Lawrence M. Ruiz, Esq.
Super Lawyer · Founder · Henderson PI
Hit by a vehicle in Las Vegas or Henderson? Ruiz Law helps pedestrians with crosswalk, hit-and-run, parking lot, rideshare, and insurance claims.
150+ verified 5-star reviews · $30M+ recovered for injured clients
No attorney fee unless we recover money · Bilingual EN / ES · Past results do not guarantee future outcomes.
Legally reviewed by Andréa Vieira, Esq. — Trial Attorney · Reviewed 2026-06-12
Attorney advertising. This information is not legal advice. No attorney fee unless we recover money for you; clients may be responsible for costs and opposing parties' fees as required by law. Past results do not guarantee future outcomes.
Pedestrian crashes can happen in a crosswalk, parking lot, school zone, resort corridor, neighborhood street, rideshare pickup area, or commercial driveway. The injury can be severe even when the vehicle was moving slowly because a person on foot has no frame, seat belt, or airbag.
The Ruiz Law Firm helps injured pedestrians and families in Las Vegas, Henderson, Summerlin, and surrounding areas evaluate fault, insurance coverage, medical documentation, and evidence preservation. For Las Vegas-specific crash patterns, see our focused Las Vegas pedestrian accident lawyer page.
In most cases, the driver does. Nevada law requires a driver to slow down or stop and yield to a pedestrian crossing within a crosswalk when no traffic signal controls that spot (NRS 484B.283). This duty applies to unmarked crosswalks too: in Nevada an unmarked crosswalk exists at virtually every intersection, even where there are no painted lines.
The rule is not unconditional. A pedestrian crossing outside a crosswalk, or crossing mid-block between intersections, generally must yield the right of way to traffic on the road (NRS 484B.287). A pedestrian also may not suddenly leave a curb or other place of safety and walk into the path of a vehicle that is so close the driver cannot reasonably stop. That is why fault in a crosswalk accident often turns on exactly where the crossing happened and whether the driver had time to react, which is one of the first things an insurer investigates.
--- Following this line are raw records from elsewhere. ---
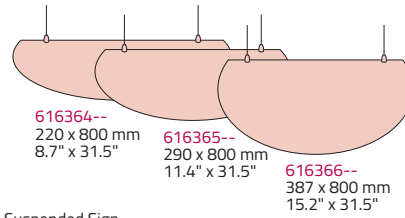

- Suspended
- Monolith
- Wall
- Projecting

Suspended Sign
Double sided
Alu. panel painted
Wire included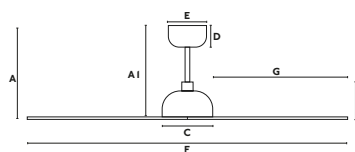

A	A1
250/9.84"	250/9.84"
B	C
130/5.12"	170/6.69"
D	E
55/2.2"	130/5.12"
F	G
Ø1320/52"	580/22.83"
Downrod L	Downrod Ø
128/5.04"	21/0.83"

Adjustable intensity

FSC Certified wooden blades

Glass diffuser

Programmable 1-4-8h
Memory function page 211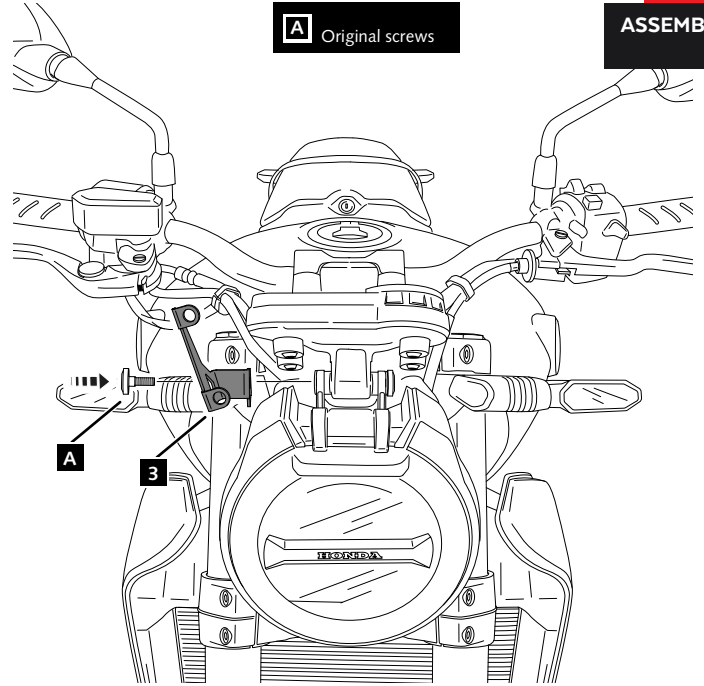

HONDA CB1000R '18- / CB650R '19-

REF 9748

1 Person

15 min

EASY

ID.	PART	DESCRIPTION	QTY.	REF.:
1		Sport screen	1	9748F/H/N/WM3
2		Left support	1	SOPOR-2P-5-9748
3		Right support	1	SOPOR-2P-5-9748
4		M5 silentblock	4	SILENBTM5-046/1
5		M5x1 nylon washer	4	ARNV0000000245
6		M5x16 Ø11 ISO7380 allen screw	4	TORNI-I7380-493
7		M5 ISO7380 screw cap	4	TAPON-----85

HONDA CB1000R '18- / CB650R '19-

MOUNTING INSTRUCTIONS

1

DISASSEMBLY

A Original screws

2

ASSEMBLY

A Original screws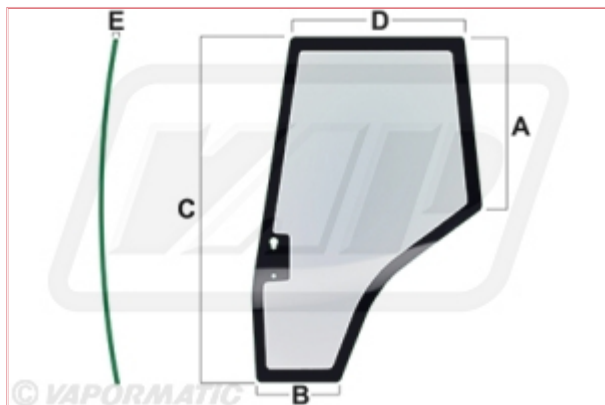

VPM7447 Door Glass L/H

Part No: VPM7447

Price: £337.75 (exc VAT) | £405.30 (inc VAT)

Specifications

VPM7447 Door Glass L/H

See image for key to dimensions:

Glass type Tinted

A 730mm

B 365mm

C 1495mm

D 750mm

E 6mm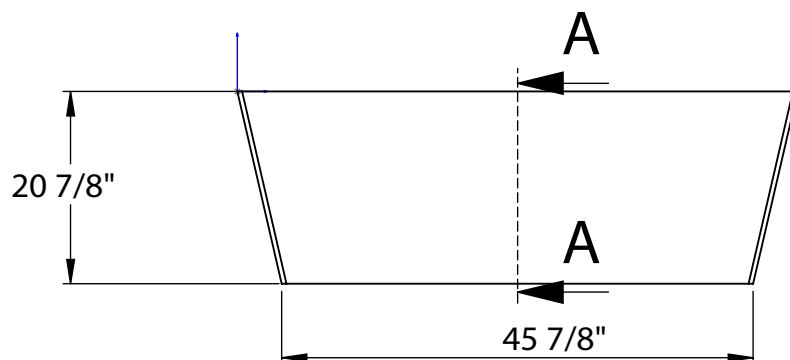

THREE RIVERS
TRADING CO.

SPECIFICATIONS

Overall Dimensions 57 7/8" L x 26 1/4" W x 20 7/8" H

Water Capacity 74 Gallons

Tub Weight 339 lbs

Nido

Freestanding Stone Resin Bathtub

SECTION A-A

All measurements are approximate. Measurements may vary +/- 1/2".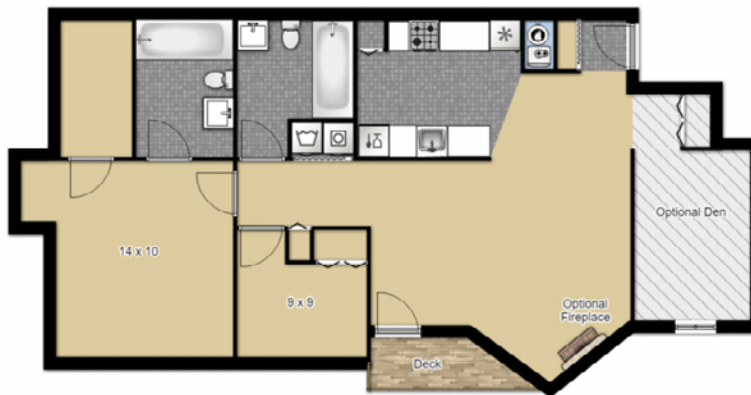

Garden Style

- Washer & dryer in each unit
- Balcony or patio
- Individually controlled air & heat
- Dishwasher
- Third floors have fireplaces and cathedral ceilings

1 bedroom 742-859 sq. ft.

2 bedroom junior 942-1044 sq. ft.

2 master 1025 sq. ft.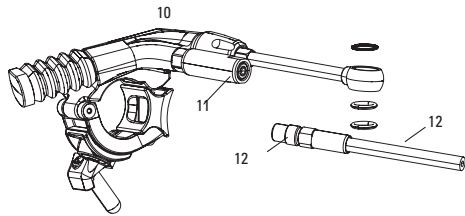

MONARCH XX B1-C2 (2014-2022)

RS-MNR-XX-B1, RS-MNR-XX-C1, RS-MNR-XX-C2

MONARCH XX B1-C2 (2014-2022)

RS-MNR-XX-B1, RS-MNR-XX-C1, RS-MNR-XX-C2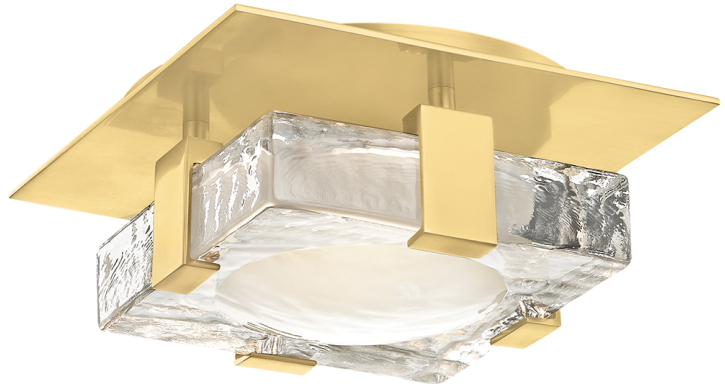

# BOURNE

9808-AGB

Bourne's visual heft makes a statement. A very thick pane of glass, etched with a concave divot on its back and clear with a convex moun on its front, is mounted to a canopy or floating backplate, making for a mood-enhancing light diffusion.

## FINISHES

AGED BRASS (AGB)  
POLISHED NICKEL (PN)

## DIMENSIONS

Height: 8"

Width/Diameter: 8"

Canopy/Backplate: 7.25"

Hanging Type:

Product Weight: 3lb

## GLASS

Attachment:

Glass 1: Glass

Glass 2: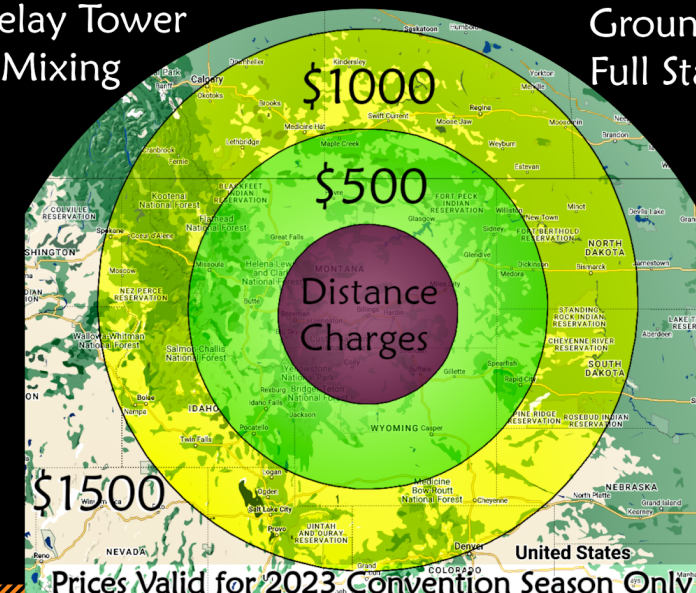

Stage Audio:
RCF Full Range Audio
Professional Audio
Stage Monitor Mixing
Flown or Ground Stack
Full PA and Delay Tower
Digital Audio Mixing

Portable Staging:
16x16 or custom
Up to 24" tall
Stage skirt
All-Weather

Stage Lighting:
Concert Lighting
Theater Lighting
Architectural Lighting
Fully Computerized
Ground Support Towers
Full Stage Trussing

| Situation | Who must yield | Nevada statute | | --- | --- | --- | | Marked crosswalk, no traffic signal | Driver yields to the pedestrian | NRS 484B.283 | | Unmarked crosswalk at an intersection | Driver yields to the pedestrian | NRS 484B.283 / 484B.287 | | Crossing mid-block, outside any crosswalk | Pedestrian yields to traffic | NRS 484B.287 | | Pedestrian darts from a curb into close traffic | Shared or pedestrian fault | NRS 484B.283 |
Even when a pedestrian shares some blame, Nevada's comparative-negligence rule (explained below) usually still allows recovery. If you were hit in a crosswalk and an insurer is already pointing the finger at you, request a free consultation before you give any recorded statement.
Southern Nevada has pedestrian risks that are different from many cities: tourists unfamiliar with roads, busy resort entrances, rideshare and taxi zones, heavy nightlife traffic, large parking garages, apartment complexes, construction areas, and wide arterial streets with fast traffic.
Common crash settings include:
These cases often overlap with brain injury claims, spinal injury, wrongful death cases, and Las Vegas personal injury claims.
The roads pedestrians share here are among the deadliest in the state. Clark County recorded 293 traffic deaths in 2024 — one of the deadliest years on record for the area — of the 412 traffic deaths statewide, according to the Nevada Department of Public Safety's final figures. That all-modes total is area context, not a pedestrian-only count, but it reflects the high-speed arterials and dense resort traffic that put people on foot at real risk.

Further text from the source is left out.